I tried to load data using two PIPELINEs, but ER_LOCK_WAIT_TIMEOUT failed.
It was tested in the following scenario.
CREATE one FS PIPELINE using INTO PROCEDURE.
The Procedure inserts the data into a table.
I started the PIPELINE and measured the eapsed time, but it was bad.
- Split the file(single -> number of db partitoions), but nothing changed.
- Reduced or increaed the partitions, but nothing changed.
So, I modified the PIPELINE and started two PIPELINEs at the same time.
After 60 seconds, ER_LOCK_WAIT_TIMEOUT occurs and one PIPELINE failed.
I tried the test in various ways, but nothing changed.
- Creating two PROCEDUREs and using them for each PIPELINE, but nothing changed.
Rather than inserting one by one row
INSERT_ALL, INSERT INTO table VALUES (…), (…),…; Using both methods, the performance was good.
But, Like I said above,
If two(or more) PIPELINEs are started, all of the above INSERT methods also cannot avoid ER_LOCK_WAIT_TIMEOUT failed.
I think, This is a big issue.
If there are multiple data files to be INSERT into one table and the format is various,
To use multiple PROCEDUREs, need to creating and starting each PIPELINE for PROCEDUREs.

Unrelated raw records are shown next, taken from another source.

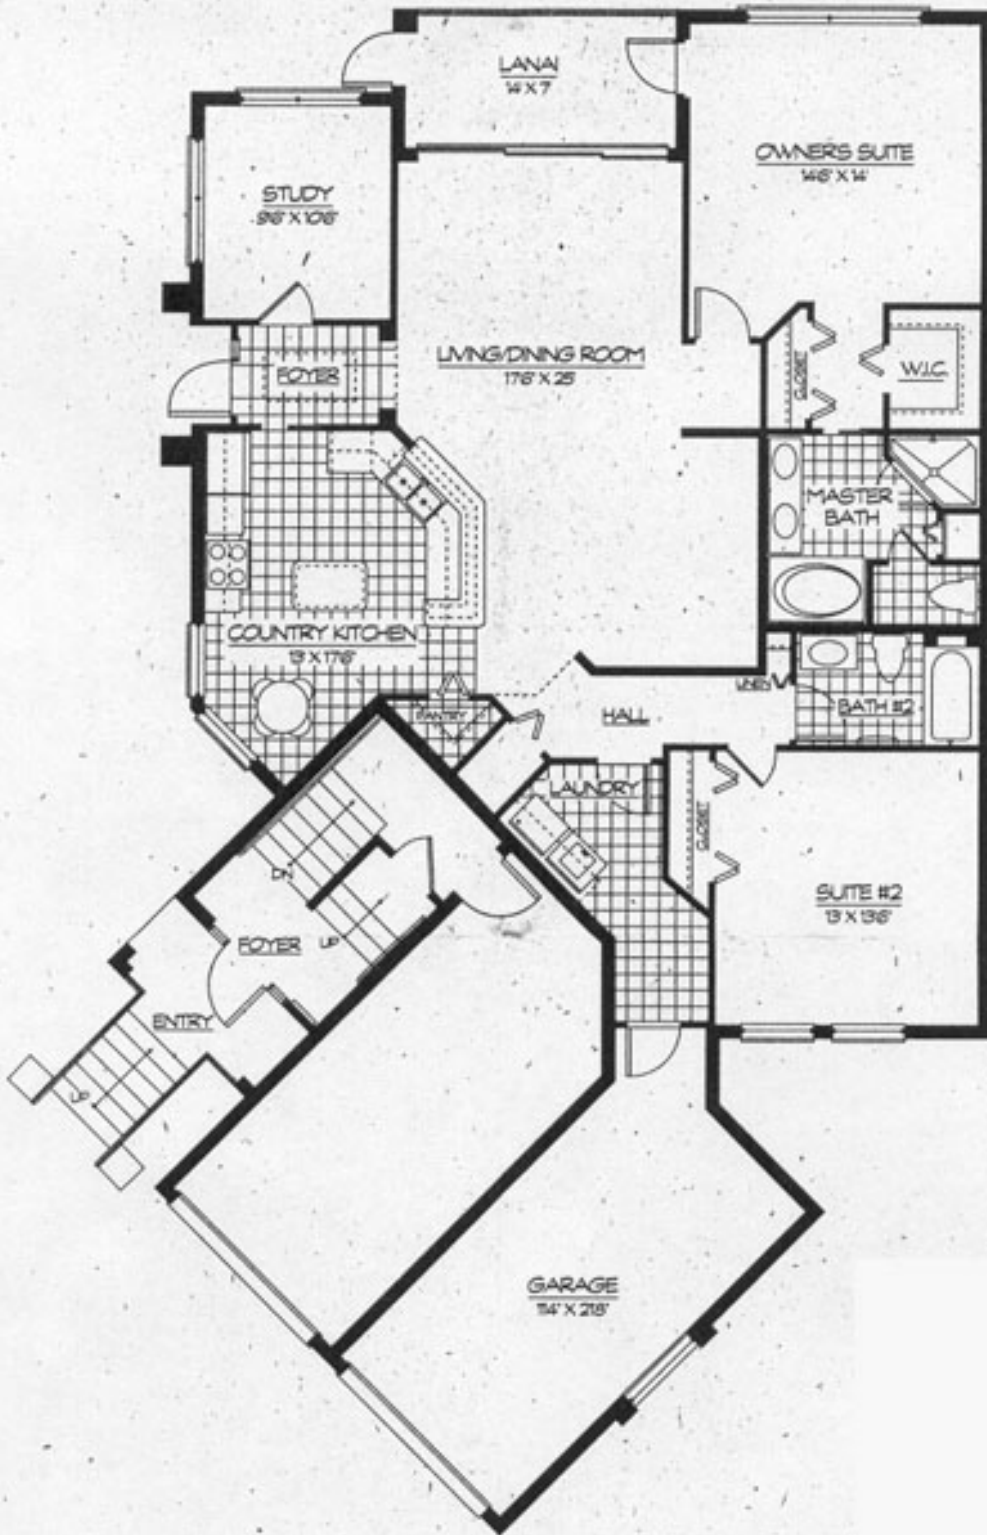

UNIT B

Living: 1,507 Square Feet

Lanai: 131 Square Feet

Garage: 353 Square Feet

Total: 1,991 Square Feet

UNIT D

Living:	1,752 Square Feet
Lanai:	131 Square Feet
Garage:	297 Square Feet
<hr/>	
Total:	2,180 Square Feet

UNIT E

Living:	1,626 Squ
Lanai:	98 Squ
Garage:	290 Squ
<hr/>	
Total:	2,014 Squ

UNIT F

Living: 1,853 Square Feet

Lanai: 98 Square Feet

Garage: 290 Square Feet

Total: 2,241 Square Feet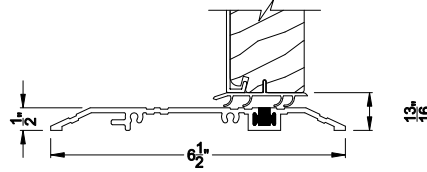

Weather Shield®

Signature Series™

Hinged Patio Doors

CROSS SECTION DETAILS

SIGNATURE INSWING DOOR (8510)
Vertical Section

SIGNATURE INSWING DOOR (8510)
Horizontal Section - Single Door

SIGNATURE INSWING DOOR (8510)
Vertical Section - ADA Sill

SIGNATURE INSWING DOOR (8510)
Horizontal Section - Double Door

Note: All dimensions are approximate. Weather Shield reserves the right to change specifications without notice.

Weather Shield®

Signature Series™

Hinged Patio Doors

CROSS SECTION DETAILS

SIGNATURE INSWING DOOR (8510)
Vertical Section - 6-9/16" jamb

SIGNATURE INSWING DOOR (8510)
Horizontal Section - Single Door - 6-9/16" jamb

SIGNATURE INSWING DOOR (8510)
Vertical Section - ADA Sill - 6-9/16" jamb

SIGNATURE INSWING DOOR (8510)
Horizontal Section - Double Door - 6-9/16" jamb

Note: All dimensions are approximate. Weather Shield reserves the right to change specifications without notice.

Weather Shield®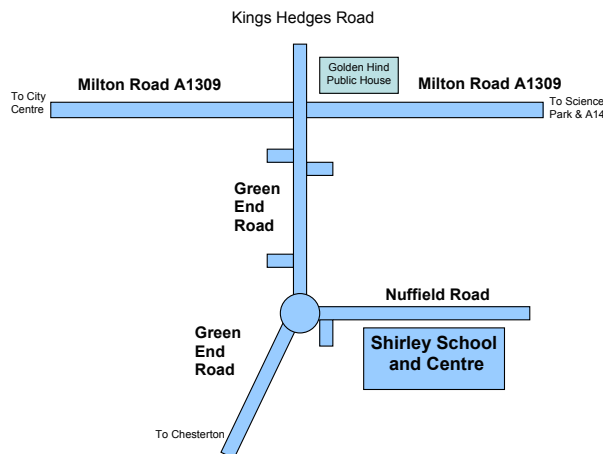

Who are we?

The Shirley Centre is an initiative of the Governing Body of Shirley Community Nursery and Primary School.

The primary purpose of the Shirley Centre is to provide accommodation for educational, welfare and leisure activities for our own pupils and their families. We are also committed to ensuring that the excellent facilities at our school are used to benefit everyone in our local community of East Chesterton and beyond.

Outdoor Performance Area

How to find us

The Shirley Centre is adjacent to

Shirley Community Nursery
and Primary School
Nuffield Road
Chesterton
Cambridge
CB4 1TF

Meeting Room 1

Welcome to The Shirley Centre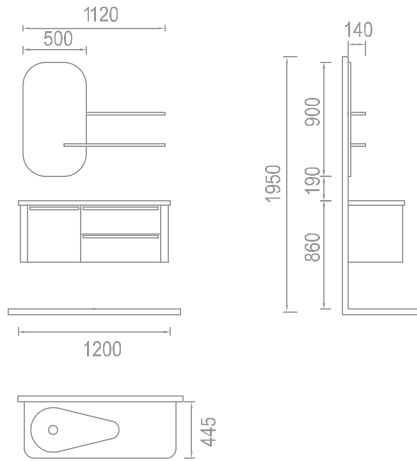

exclusive^{series}

banyonuzda kendi masalınızı yazın

Bir tasarım masalı olan bu model, seramik lavacılı alt modülden, aynaya sabitlenmiş otajor formundaki biraz farklı raf uygulaması yapılmış üst modülden oluşuyor. Gövde ve alt modül kapakları Mdf Jazori lako çalıştırıldı. Siyah, Bordo, Lila ve Beyaz renk seçenekleri arasında.

write your own story to your bathroom

this model which is a tale of design consists in a ceramic wash basin vanity unit and a top-module where a different technic is applied by fixing the shelf to the mirror. The body and the sub-module covers has been served in MDF lacquered. The color options are White, Black, Clerer-Red and Lilac.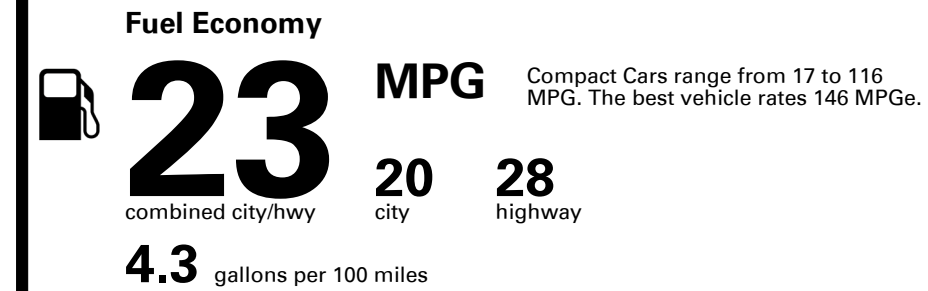

TOTAL PRICE: \$52,990.00

85 A 1096QTOREA

EPA DOT Fuel Economy and Environment

Gasoline Vehicle

You spend \$5,000
more in fuel costs over 5 years compared to the average new vehicle.

Annual fuel cost \$2,700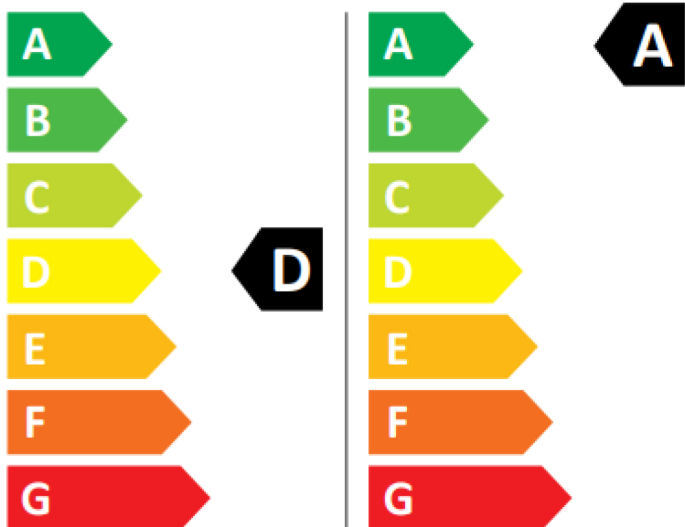

ENERG

Hoover

H6DPB6106BCR8-80

308 kWh / 100

41 kWh / 100

6,0 kg

10,0 kg

86 L

However, due to this problem, only one of the multiple PIPELINEs will succeed and the other will fail. (Of course, the failed PIPELINE will continue to be retried, so someday it will succeed…)
This means that if PIPELINEs using INTO PROCEDURE are inserted into a single table, the INSERT operation cannot be parallelized.
Is this lock(TABLE(?) LOCK) absolutely necessary?
I’ve seen past articles (ER_LOCK_WAIT_TIMEOUT when two pipelines are running concurrently), but
I think this is by no means a solution.
Any other solutions?